Only Israelis serving abroad in an official capacity are eligible to cast absentee ballots.

The situation this year appears to be in sharp contrast to four years ago, when fervently Orthodox rabbis, including the late Lubavitcher rebbe, Menachem Schneerson, were accused of meddling in Israeli affairs when they encouraged their followers to fly to Israel to vote in the elections.

Contrary to some accounts in the American media, sources in Brooklyn say no planes were chartered for the purpose of ferrying back heredi Jews this time around.

“I don’t see an onslaught of people going,” said New York City Councilman Noach Dear, a Brooklyn Democrat whose district includes the Orthodox strongholds of Borough Park, Flatbush and Bensonhurst.

“People went for Shavuos and stayed, but a lot of people who want to go aren’t eligible because they’re not Israeli,” said the councilman, who, though not an Israeli citizen himself, was scheduled to leave for the country Tuesday night.

“I’m going myself just to be in solidarity with the people of Israel,” he said.

Simcha Felder, chief of staff in state Assemblyman Dov Hikind’s office said, “It’s hard to tell how many people went” just to vote in the election “because a lot of people went for Yontif.”

Hikind, a Democrat whose district also encompasses Borough Park and Flatbush, was already in Israel to be resent for the election though he is not a citizen and so cannot vote,” either.

The executive director of the Council of Jewish Organization of Boro Park, Rabbi Morris Shamidman, said no group trips of Orthodox Jews were organized.
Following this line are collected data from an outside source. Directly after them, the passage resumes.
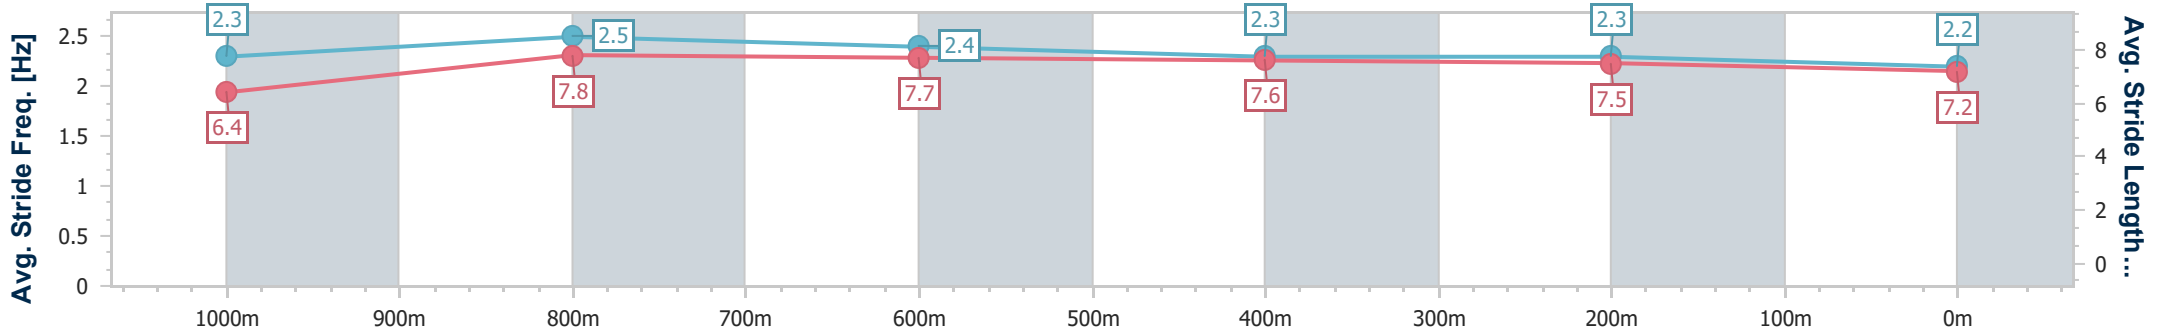

Doomben QLD Professional

Race 4: SKY RACING BENCHMARK 78 Handicap - 1200m

07 September 2024 - 13:43

Track Rating: Good 3, Weather: Fine, Rail Position: +1m Entire

BRISBANE RACING CLUB

Section	Overall	1000m	800m	600m	400m	200m
Section Times	1:09.72 [10] (0:13.01)	0:56.71 [2] (0:10.50)	0:46.21 [1] (0:11.04)	0:35.17 [3] (0:11.04)	0:24.13 [1] (0:11.50)	0:12.63 [3] (0:12.63)
Average Speed [km/h]	55.6	68.4	64.3	64.0	62.2	57.0
Top Speed [km/h]	71.5	71.3	67.3	67.4	64.1	61.6
Avg. Dist. to Rail [m]	10.8	1.1	2.6	3.8	2.1	1.3
Avg. Stride Freq. [Hz]	2.4	2.5	2.4	2.4	2.4	2.3
Avg. Stride Length [m]	6.3	7.4	7.5	7.4	7.2	7.0

- [] Ranking at each section and finish
- .-.- No data available at this section
- NA No data available

Horse/Jockey Name	Sistine Explorer
Final Rank	11
Fastest Section Time (Section)	0:10.46 (1000m)
Top Speed [km/h] (Section)	72.0 (1000m)
Race State	Finished

Doomben QLD Professional
Race 4: SKY RACING BENCHMARK 78 Handicap - 1200m
 07 September 2024 - 13:43
 Track Rating: Good 3, Weather: Fine, Rail Position: +1m Entire

BRISBANE
RACING CLUB

Section	Overall	1000m	800m	600m	400m	200m
Section Times	1:10.38 [11] (0:13.14)	0:57.24 [4] (0:10.46)	0:46.78 [4] (0:11.18)	0:35.60 [6] (0:11.39)	0:24.21 [10] (0:11.58)	0:12.63 [11] (0:12.63)
Average Speed [km/h]	54.9	69.6	65.9	64.2	62.5	57.0
Top Speed [km/h]	69.8	72.0	67.6	65.7	63.5	61.2
Avg. Dist. to Rail [m]	4.3	2.6	4.3	3.1	2.2	2.9
Avg. Stride Freq. [Hz]	2.3	2.5	2.4	2.3	2.3	2.2
Avg. Stride Length [m]	6.4	7.8	7.7	7.6	7.5	7.2

“If anyone went they were going for some other reason. There has been no charter [of planes] of any kind.”

The council represents the 100,000 fervently Orthodox Jews of Borough Park, most of whom are connected with the Chasidic communities of Bobov, Ger, Satmar, Munkacz and Karlin-Stolin.

Rabbi Avi Shafran, spokesman for Agudath Israel of America, a national group representing the haredi community, said that even though there had been rumors that his organization was providing cut-rate fares to Israel, they were in fact false.

He said Agudah, which is an arm of the Agudath Israel World Organization, as is Israel’s Agudat Yisrael political party, worked as a clearinghouse only for about 60 people who had the documentation proving their eligibility to vote.

“Then we directed them to various airlines,” said Shafran.